Такова местность, среди которой будут совершаться происшествия, описываемые в начале настоящих «Записок». Добавлю, что, за исключением церкви пред глазами, лужайки шагов в тридцать длины и ширины и за ней дома каменного, которого только нижний этаж был отделан, а верхние окна забиты досками, я до семи лет не видал ничего или почти ничего. Весь мой горизонт ограничивался этим убогим простором. Меня никуда не брали, никуда не водили. Повернуть за угол забора, ограничивавшего лужайку справа (налево была церковная ограда), и пройти на улицу шагов за сорок, это бывало уже событием. Вне своего дома, едва-едва я помню до школы, как меня при похоронах матери возили куда-то (то есть на кладбище) и как я спрашивал Максимыча, мещаниновского кучера: куда маменьку везут? — и он мне постарался ответить что-то утешительное. Помню еще, как сквозь сон, что Андреич, пономарь, упросил раз моего отца отпустить меня с ним на «иллюминацию»; как вывел он меня за город (а мы и жили-то на конце города), как Андреич брал меня иногда на руки. Идти было очень трудно; под ноги то и дело попадались рога, на которые я спотыкался (вблизи были бойни). Много народу; ночь; слышалось пуканье (ракет) и виднелся щит, горевший огнями. Очевидно, происходило это 22 августа; но в каком году и сколько мне было лет, из памяти исчезло.

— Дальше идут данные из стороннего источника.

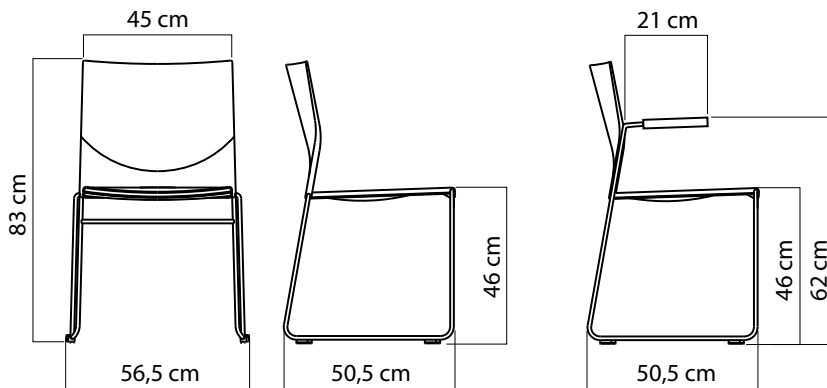

COM_TESSUTO T2 orangerot
Sitz und Rückenlehne gepolstert

COM_TESSUTO T1 anthrazit/weiß
Sitz gepolstert/Rückenlehne Kunststoff

Kufengestell

verchromt

Auf Basis der Stuhlserie COM in Kunststoff wurde die Ausführung gepolstert mit Stoffbezug entwickelt.

Lieferbar in den Versionen:

- Sitzfläche gepolstert, Rückenlehne Kunststoff
- Sitzfläche und Rückenlehne gepolstert

Sitz und Rückenlehne

- Basis aus Kunststoff mit zweilagiger Polsterung aus Schaumstoff,
- Stoffbezug getrennt für Rückenlehne und Sitzboden,
- **trotz Polsterung ohne Zwischenlage stapelbar durch spiegelgleichen Unterboden.**

Stuhlgestell

- aus Rundstahl Ø 11 mm zu einer stabilen Struktur verschweißt.

Fußgleiter

- aus Kunststoff 60 x 18 mm,
- Fußgleiter gegen Verdrehen und Verschieben gesichert.

Bezug

- Stoff fest verarbeitet:
  alle gängigen Stoffarten möglich,
  nur unifarbene Stoffe verarbeitbar,
- Kufengestell: glänzend verchromt.

Stapelbarkeit ohne Zwischenlage

- 6-fach.

Mindestbestellmenge

- 6 Stück, Lieferung montiert.

- **Mindermengenzuschlag für weniger als 6 Stück: 15%.**

**Preise auf Anfrage für
Stoffe der Kollektion Kvadrat**

Typ	Ausführung	Sitz und Rückenlehne	Verkaufspreis/Euro	
			netto VK	brutto VK
COM_T1	Kufengestell verchromt	Sitz gepolstert, Rückenlehne Kunststoff – Kundenstoff, 0,25 lfm (140 cm) – Stoff Step Melange (Gabriel)	168,21 197,60	200,17 235,14
COM_T2	Kufengestell verchromt	Sitz und Rückenlehne gepolstert, – Kundenstoff, 0,75 lfm (140 cm) – Stoff Step Melange (Gabriel)	173,28 232,00	206,20 276,08

Kufengestell mit Armlehne (Armlehne Kunststoff)

Der Kufenstuhl COM kann auch mit Filzgleitern ausgerüstet werden.

Aufpreis +	51,95	61,82
Aufpreis für Filzgleiter +	3,25	3,87

Еще темнее следующее воспоминание. Зима; отец едет в Черкизово (село верст 10 от города). Помню, то была помолвка двоюродного брата; как меня везли, в чем я провел несколько часов на «чужбине», все это вылетело, и в памяти осталось лишь, что и руки и ноги у меня окоченели. Я попросился на печку, но мне возразили, что тогда у меня руки и ноги отвалятся, и подали холодной воды, куда я должен был опустить руки. Это меня поразило кажущеюся несообразностью и врезалось.

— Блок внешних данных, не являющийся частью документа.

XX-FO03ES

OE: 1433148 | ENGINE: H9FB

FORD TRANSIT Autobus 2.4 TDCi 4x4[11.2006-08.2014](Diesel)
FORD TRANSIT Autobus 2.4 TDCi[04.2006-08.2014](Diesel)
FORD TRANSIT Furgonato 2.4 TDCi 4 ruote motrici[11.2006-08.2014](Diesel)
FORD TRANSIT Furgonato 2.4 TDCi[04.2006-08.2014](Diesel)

Помню и еще… но это уже было из домашней жизни, о которой после. Таков, однако, был мои небогатый опыт, такова ограниченность кругозора до самой школы, до семи лет. Теперь, как вспоминаю, поражает меня тогдашняя моя неразвитость. Из окон виден был у нас другой берег реки, на нем луг, а за лугом лес, среди которого пять больших деревьев выдавались из прочих. Сиживал я у окна, вперял взор и спрашивал: что же, однако, там, и далеко ли отсюда это место, где голубое небо садится на землю? Задавал я эти вопросы другим. Что мне отвечали — не помню, но, должно быть, что-нибудь чересчур применительное к моему возрасту, уклончивое, без объяснения сущности, потому что долго так и оставалось у меня мнение, что там, за лесом, и конец света.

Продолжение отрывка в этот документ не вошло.